Q11: Explain double-checked locking in Go and why it works.¶

A: Double-checked locking (DCL) avoids taking a mutex on every call:

type Holder struct {
    val atomic.Pointer[Big]
    mu  sync.Mutex
}

func (h *Holder) Get() *Big {
    if v := h.val.Load(); v != nil {
        return v
    }
    h.mu.Lock()
    defer h.mu.Unlock()
    if v := h.val.Load(); v != nil {
        return v
    }
    v := build()
    h.val.Store(v)
    return v
}

Why correct in Go: - The fast-path Load is acquire; if it sees a non-nil pointer, all writes inside build() (which built *v) are visible. - The mutex protects against multiple goroutines both seeing nil and both running build(). - The Store is release; subsequent Loads observe the published value.

This pattern is what sync.Once implements internally.

Q12: What's the ABA problem and how does Go's GC help?¶

A: ABA: a CAS that expected value A may see A again even though the value transitioned A → B → A in between, falsely succeeding.

In C++ with manual memory management, you can free a pointer and reuse the address; a CAS comparing pointer identities can be fooled.

In Go, the GC won't reuse a pointer address while any goroutine still holds it. So if your CAS sees the same pointer, it really is the same object — ABA can't occur for pointers managed by the GC.

Exception: if you recycle objects via sync.Pool, the same pointer might come back with stale internal state. Use generation counters in that case.
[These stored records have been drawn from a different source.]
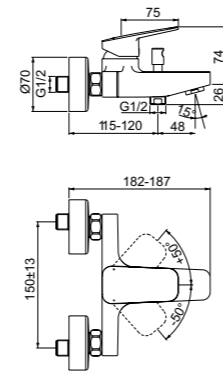

Артикул

BD250AA

НАСТЕННЫЙ ОДНРУКОЯТКОВЫЙ СМЕСИТЕЛЬ ДЛЯ ВАННЫ/ДУША

МОДЕЛЬ

Без душевого гарнитура

- Картридж FirmaFlow 38 мм с функцией HWTC
- Подключение 1/2"

Артикул

BD256AA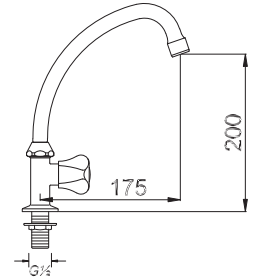

Kod/Code: 718

YARI ANKASTRE BANYO BATARYASI
Semi Concealed Bathroom Faucet

حنفية الحمام

₺ 300.00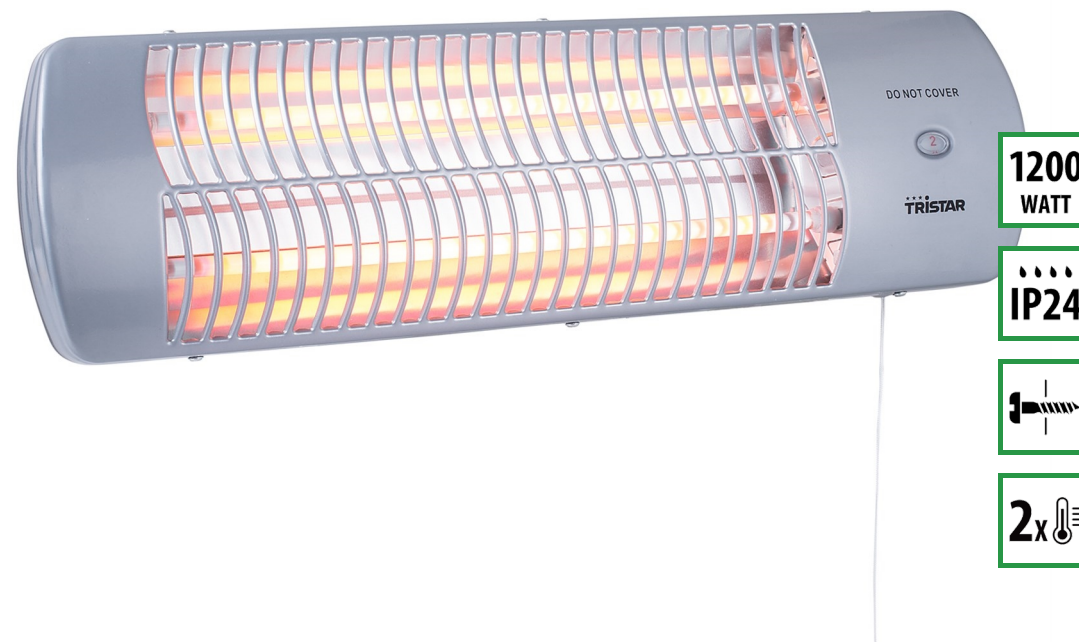

KA-5010

Elvärmare (Quartz)

IP24 - Kan monteras på väggen

Justerbar värmare med 2 lägen. IP24-klassad vilket gör att den även passar i våtutrymmen.

Värmeelement	Kvarts
IP-klass	IP24
Vattentät mot stänk	Ja
Antal positioner	5
Ström	1200 W
Värmeinställningar	600/1200 W
Överhettningsskydd	Nej
Integrerade handtag	Nej
Tippskydd	Nej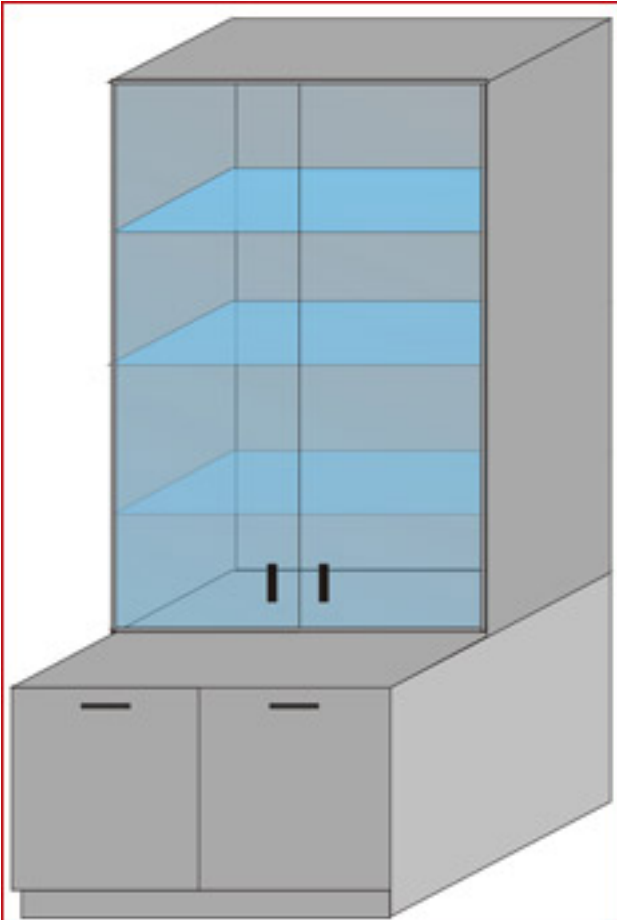

Описание

Стеллаж пристенный на 4 выдвижных ящика и стеклянными дверьми

Размер:

ширина

x

глубина

x

высота

900x400x2100мм - 7910 рублей

1000x400x2100мм - 8425 рублей

Задняя стенка стекло:

900x400x2100мм - 6895 рублей

1000x400x2100мм - 7300 рублей

.....

Внутренние полки - ламинированный брус и стеклянными дверьми

x

ВЫСОТА

Q13: Implement a wait-free MPSC queue.¶

A: Vyukov's simplified MPSC:

type MPSC[T any] struct {
    head atomic.Pointer[mpscNode[T]]
    tail *mpscNode[T]
    stub mpscNode[T]
}

type mpscNode[T any] struct {
    next atomic.Pointer[mpscNode[T]]
    val  T
}

func (q *MPSC[T]) Push(v T) {
    n := &mpscNode[T]{val: v}
    prev := q.head.Swap(n)
    prev.next.Store(n)
}

func (q *MPSC[T]) Pop() (T, bool) {
    tail := q.tail
    next := tail.next.Load()
    if tail == &q.stub {
        if next == nil {
            var zero T
            return zero, false
        }
        q.tail = next
        tail = next
        next = next.next.Load()
    }
    if next != nil {
        q.tail = next
        return next.val, true
    }
    if tail != q.head.Load() {
        return q.Pop()
    }
    var zero T
    return zero, false
}

Push is wait-free per producer. Pop is lock-free.

Q14: When would you use sequential consistency vs. acquire/release?¶

A: Sequential consistency provides a single global order of operations; acquire/release pairs synchronize per location.
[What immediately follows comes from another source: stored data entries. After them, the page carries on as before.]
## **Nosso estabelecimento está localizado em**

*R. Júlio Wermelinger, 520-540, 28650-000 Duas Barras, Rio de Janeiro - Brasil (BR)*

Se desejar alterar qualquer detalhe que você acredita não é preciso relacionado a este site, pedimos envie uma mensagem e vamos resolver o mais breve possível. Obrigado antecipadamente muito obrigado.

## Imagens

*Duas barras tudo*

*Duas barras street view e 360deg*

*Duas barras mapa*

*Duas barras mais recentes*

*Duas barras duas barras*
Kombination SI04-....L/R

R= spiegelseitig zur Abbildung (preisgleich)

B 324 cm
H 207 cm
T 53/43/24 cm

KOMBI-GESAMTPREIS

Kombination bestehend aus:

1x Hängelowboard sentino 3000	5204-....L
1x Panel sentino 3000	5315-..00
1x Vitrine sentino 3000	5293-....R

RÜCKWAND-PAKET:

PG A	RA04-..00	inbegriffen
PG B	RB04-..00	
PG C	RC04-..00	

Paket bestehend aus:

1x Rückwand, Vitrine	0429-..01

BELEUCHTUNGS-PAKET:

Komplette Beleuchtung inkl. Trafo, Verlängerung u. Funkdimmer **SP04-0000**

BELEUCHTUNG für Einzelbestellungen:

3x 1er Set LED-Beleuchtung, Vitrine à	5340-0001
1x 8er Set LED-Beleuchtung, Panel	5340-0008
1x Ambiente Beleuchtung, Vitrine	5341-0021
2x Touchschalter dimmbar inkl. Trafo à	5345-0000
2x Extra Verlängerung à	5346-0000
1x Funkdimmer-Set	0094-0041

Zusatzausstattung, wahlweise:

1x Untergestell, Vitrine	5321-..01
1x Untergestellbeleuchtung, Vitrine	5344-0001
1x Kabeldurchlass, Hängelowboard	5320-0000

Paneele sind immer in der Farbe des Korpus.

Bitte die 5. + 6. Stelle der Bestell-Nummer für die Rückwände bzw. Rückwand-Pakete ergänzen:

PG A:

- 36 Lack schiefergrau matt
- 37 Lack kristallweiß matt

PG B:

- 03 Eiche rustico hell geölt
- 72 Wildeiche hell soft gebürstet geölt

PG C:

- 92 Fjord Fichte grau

Use seq-cst when: - You need readers to agree on the order of multiple writes. - You don't want to think about which ordering is needed.

Use acquire/release when: - You want maximum performance on weakly-ordered hardware. - You can prove your algorithm doesn't need a global order.
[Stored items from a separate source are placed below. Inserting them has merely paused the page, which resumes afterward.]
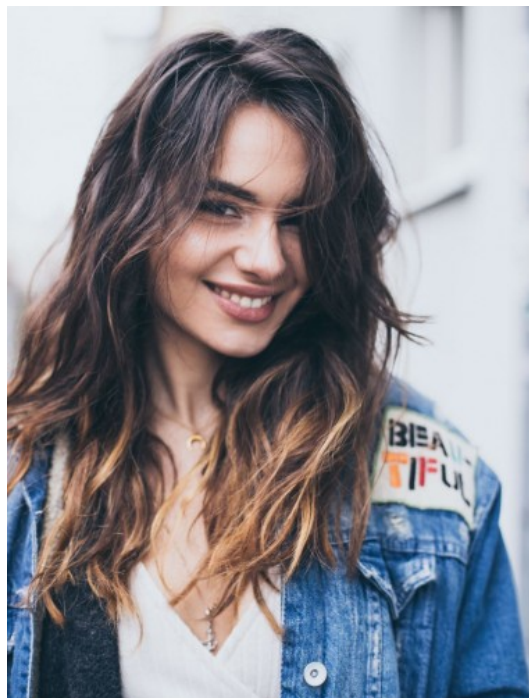

THE-MODELS.DE · INFO@THE-MODELS.DE

The models

MODELAGENTUR THE MODELS GMBH · KREUZSTR. 34 · 33602 BIELEFELD · +49 521 3373 2910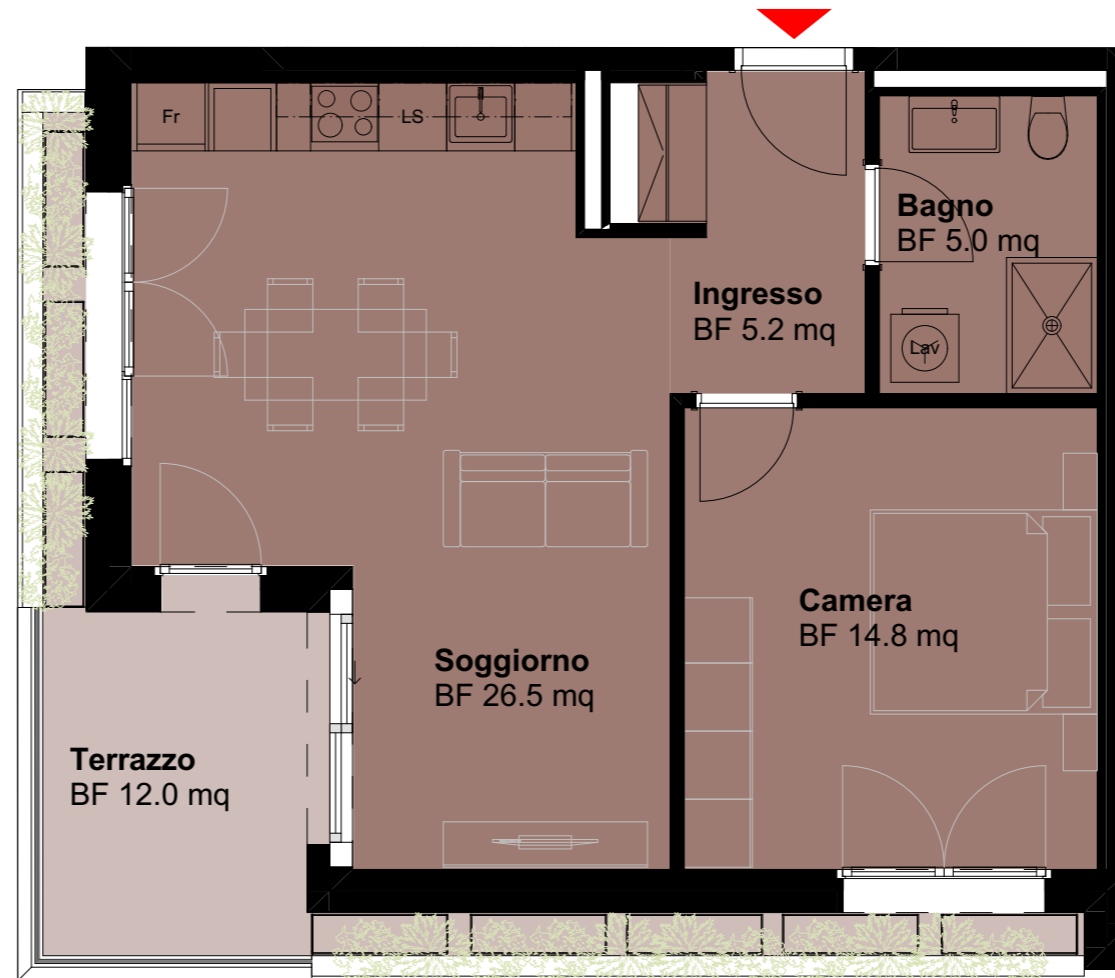

Residenza Hedera
Via San Nicolao 38
6598 Tenero

02.0406

G02 - 01 - OG04 - 06

Appartamento Piano Quarto

2.5 Tipologia

Sup Netta 51.5 mq

Terrazzo 12.0 mq

Cantina 4.3 mq

Situazione

Piano 4

Piano -1

*Gli schemi non sono vincolanti. Gli arredi sono puramente indicativi.
Ci riserviamo il diritto di apportare modifiche fino al completamento della costruzione.
Stato: Gennaio 2025*

In Go, you don't choose — all atomics are seq-cst.

Q15: What's false sharing and how do you fix it?¶

A: Two unrelated variables in the same cache line cause cache invalidation between cores when both are written, even though they're logically independent.

Fix: pad to 64 bytes (or 128 on Apple Silicon):

type Padded struct {
    val atomic.Int64
    _   [56]byte
}

Each variable is in its own cache line. Use for sharded counters and per-CPU state.

Staff / Principal Level¶

Q16: How would you design a lock-free hashmap in Go?¶

A: Hard problem. Approach:

1. Per-bucket linked lists with CAS for insertion at head.
2. Lazy deletion via tombstones; physical removal during rare rebuilds.
3. Concurrent resize via the "split-ordered list" trick (Shalev & Shavit) or by maintaining old and new tables atomically.
4. Reclamation via GC (Go's advantage over C++).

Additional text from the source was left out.